◆ ACTIVITY
Please retype the data below exactly, stopping after the line with "4.210 kg/ha" and skipping every picture.

Top of SOURCE MATERIAL

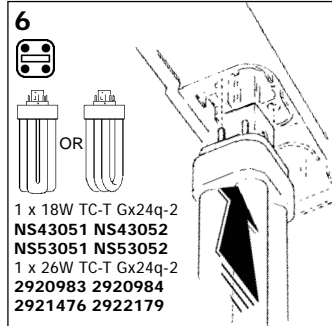

IMPORTANTE

Cuando utilice lámparas TC-T instalar sólo en espacios ventilados.

LET OP

Gebruik TC-T lampen slechts in TOCHTVRIJE ruimten.

VIKTIG INFORMATION

Bör ej användas vid installation i ventilerade undertak
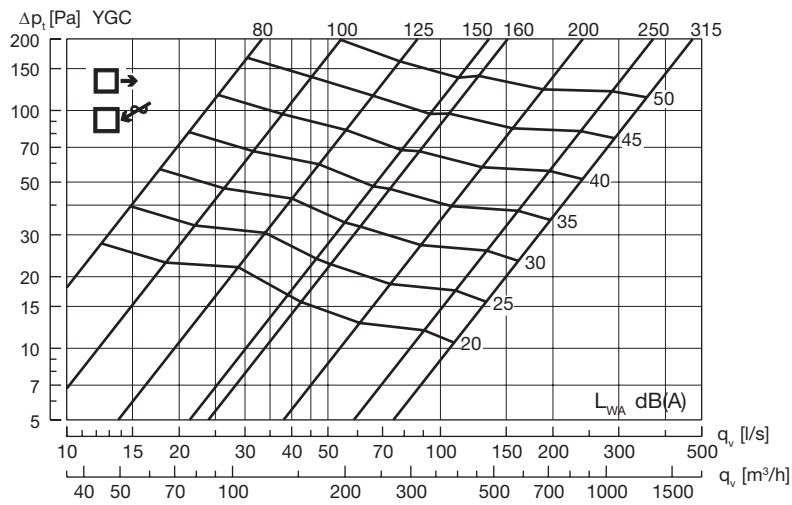

Ydervægsrist

YGC

Tekniske data

Kapacitet

Volumenstrøm q_v [l/s] og [m³/h] totaltrykfald Δp_t [Pa], aflæses i diagrammerne.

Lydniveau i frit felt (1/4 sfærisk)

Lydeffektniveauet L_{WA} findes i diagrammet.

Lydniveauet i afstanden X (m)

$L_{pA} = L_{WA} - K$, se nedenstående tabel.

X [m]	1	2	3	4	5	10	20
K [dB]	-5	-12	-15	-17	-19	-25	-30

YGC 80-315
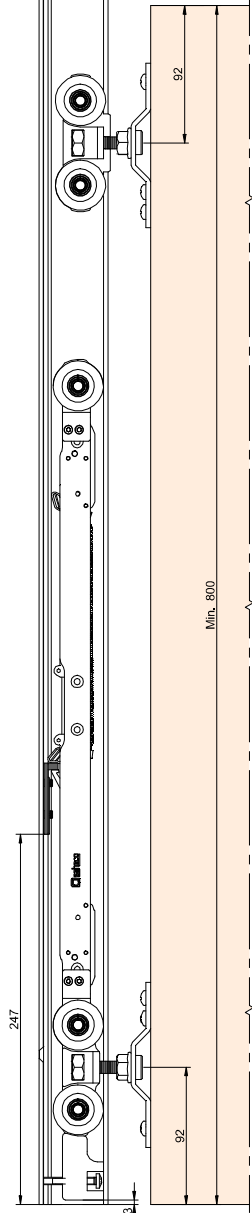

**SF-A140**  
x1 SOFTOP DOBLE

Polígono Industrial Foradada - 08580 - Sant Quirze de Besora (Barcelona)  
Telf: 34-93.852.92.23  
Export. Telf: 34-93.852.96.15  
e-mail: sajeeco@sajeco.com - web: www.sajeco.com

MADE IN EU.

8 422204 843573

038060784

NOV. 2021

CODE: 0 140 01

a	b	c	d	f	g	h	j	k	n	p	s
2	1	4	1	2	8	2	1	2	2	2	1
		DIN 7505 A 4x20			DIN 7505 B 5x30			M10			

**FUERZA ABRIR - Force Open = 9N (0,9Kg)**  
**FUERZA CERRAR - Force Close = 7N (0,7Kg)**
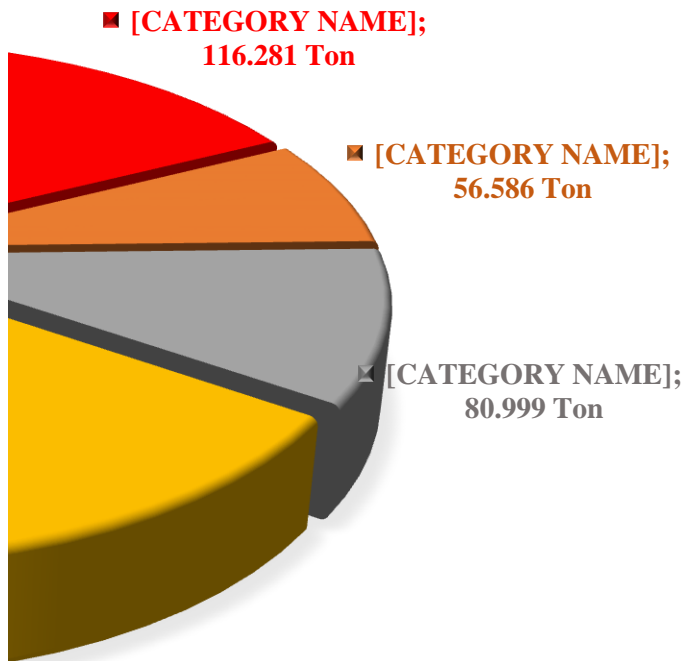

■ [CATEGORY NAME];
476 Kg/Ha

■ [CATEGORY
1.369 Kg

UNAN PROVINSI LAMPUNG

PERKEBUNAN PROVINSI LAMPUNG

4.210 kg/ha

{ NAME};
g/ha
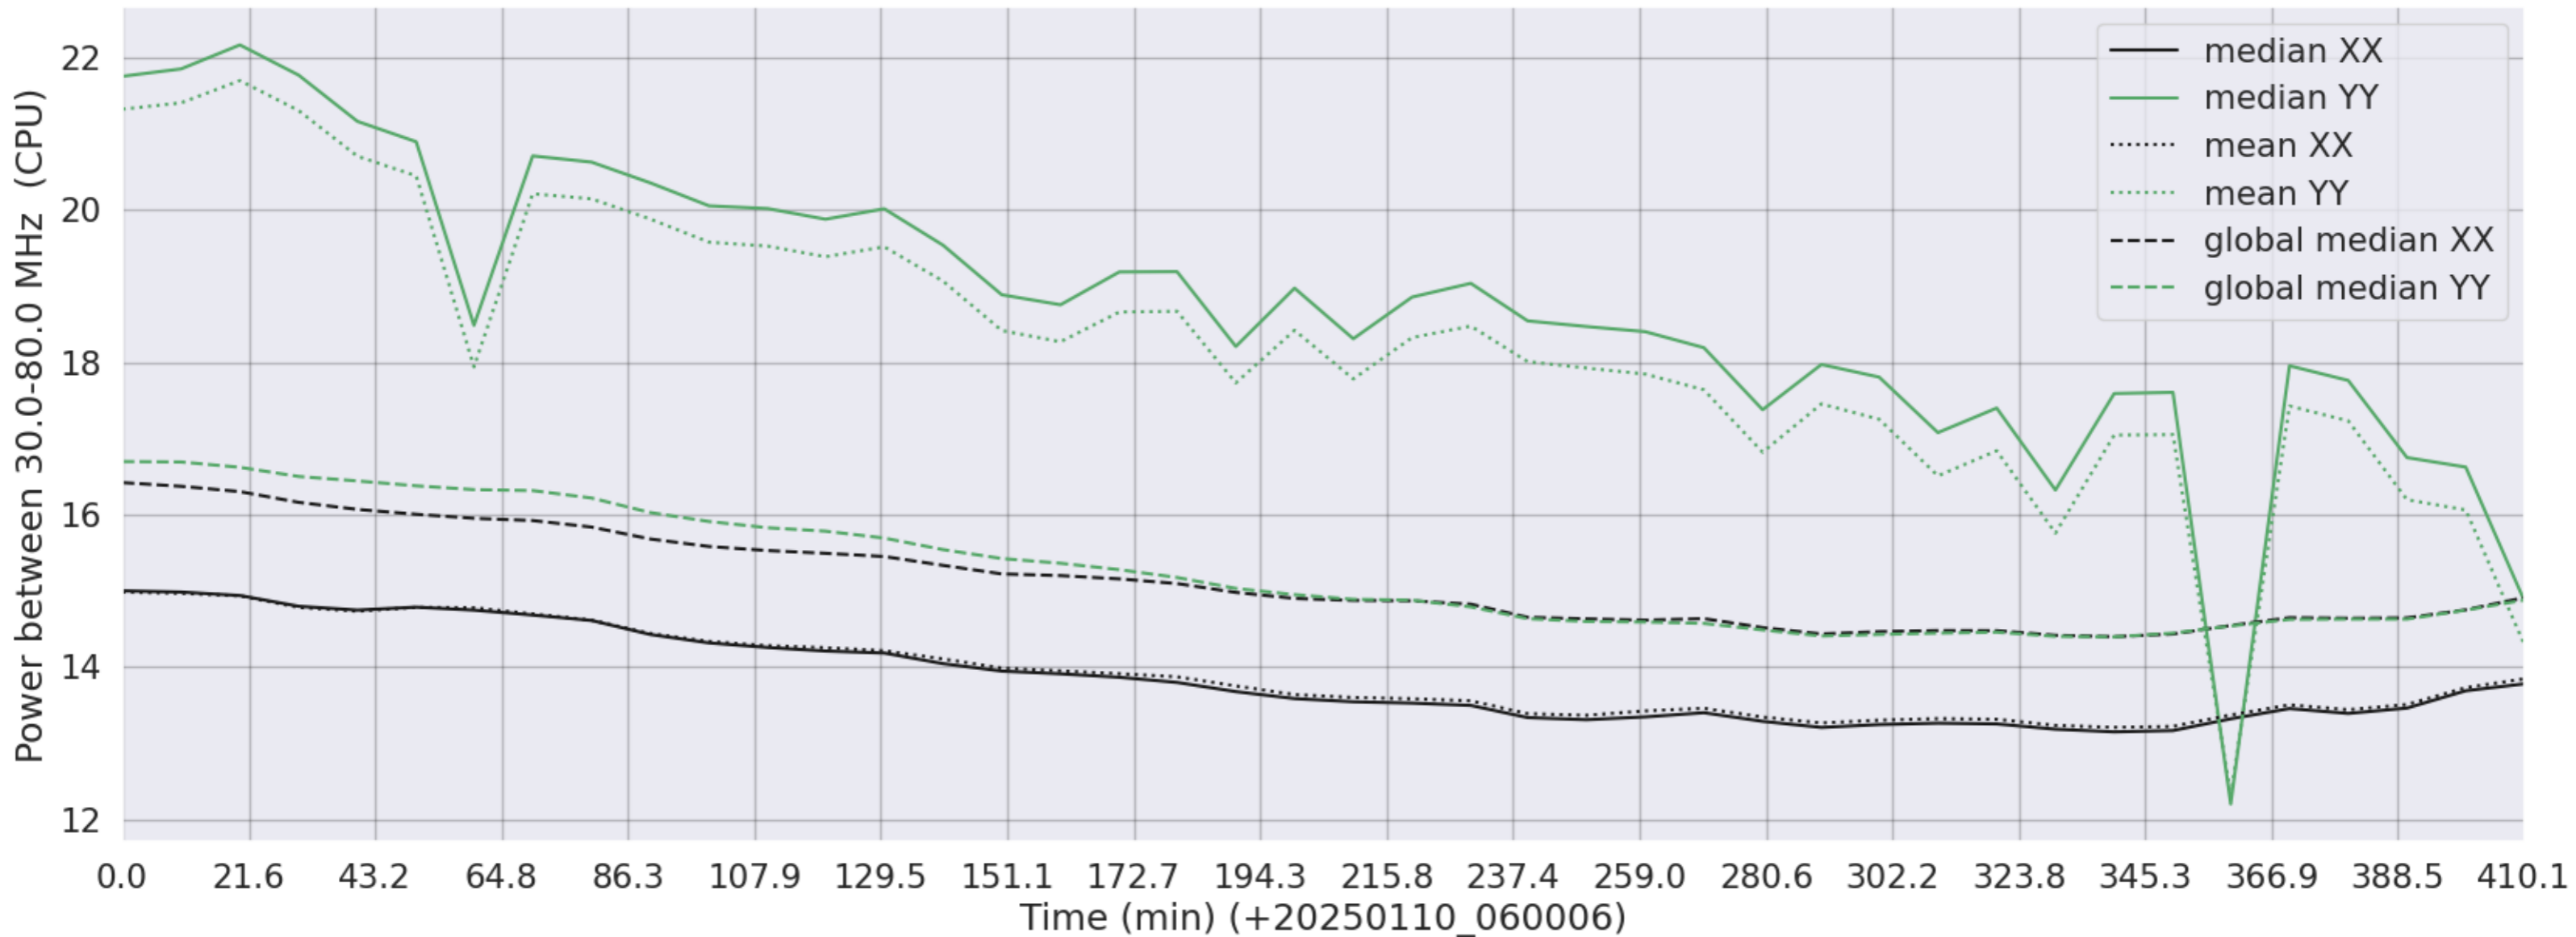

LWA301 - Correlator# 048 - XX FLAGS:Good - YY FLAGS:Good

LWA298 - Correlator# 049 - XX FLAGS:Good - YY FLAGS:Good

LWA305 - Correlator# 050 - XX FLAGS:Good - YY FLAGS:Good

LWA303 - Correlator# 051 - XX FLAGS:Good - YY FLAGS:Good

Bottom of SOURCE MATERIAL

◆ YOUR SOLUTION
IMPORTANTE

Cuando utilice lámparas TC-T instalar sólo en espacios ventilados.

LET OP

Gebruik TC-T lampen slechts in TOCHTVRIJE ruimten.

VIKTIG INFORMATION

Bör ej användas vid installation i ventilerade undertak

Ydervægsrist

YGC

Tekniske data

Kapacitet

Volumenstrøm q_v [l/s] og [m³/h] totaltrykfald Δp_t [Pa], aflæses i diagrammerne.

Lydniveau i frit felt (1/4 sfærisk)

Lydeffektniveauet L_{WA} findes i diagrammet.

Lydniveauet i afstanden X (m)

$L_{pA} = L_{WA} - K$, se nedenstående tabel.

X [m]	1	2	3	4	5	10	20
K [dB]	-5	-12	-15	-17	-19	-25	-30

YGC 80-315

**SF-A140**  
x1 SOFTOP DOBLE

Polígono Industrial Foradada - 08580 - Sant Quirze de Besora (Barcelona)  
Telf: 34-93.852.92.23  
Export. Telf: 34-93.852.96.15  
e-mail: sajeeco@sajeco.com - web: www.sajeco.com

MADE IN EU.

8 422204 843573

038060784

NOV. 2021

CODE: 0 140 01

a	b	c	d	f	g	h	j	k	n	p	s
2	1	4	1	2	8	2	1	2	2	2	1
		DIN 7505 A 4x20			DIN 7505 B 5x30			M10			

**FUERZA ABRIR - Force Open = 9N (0,9Kg)**  
**FUERZA CERRAR - Force Close = 7N (0,7Kg)**

■ [CATEGORY NAME];
476 Kg/Ha

■ [CATEGORY
1.369 Kg

UNAN PROVINSI LAMPUNG

PERKEBUNAN PROVINSI LAMPUNG

4.210 kg/ha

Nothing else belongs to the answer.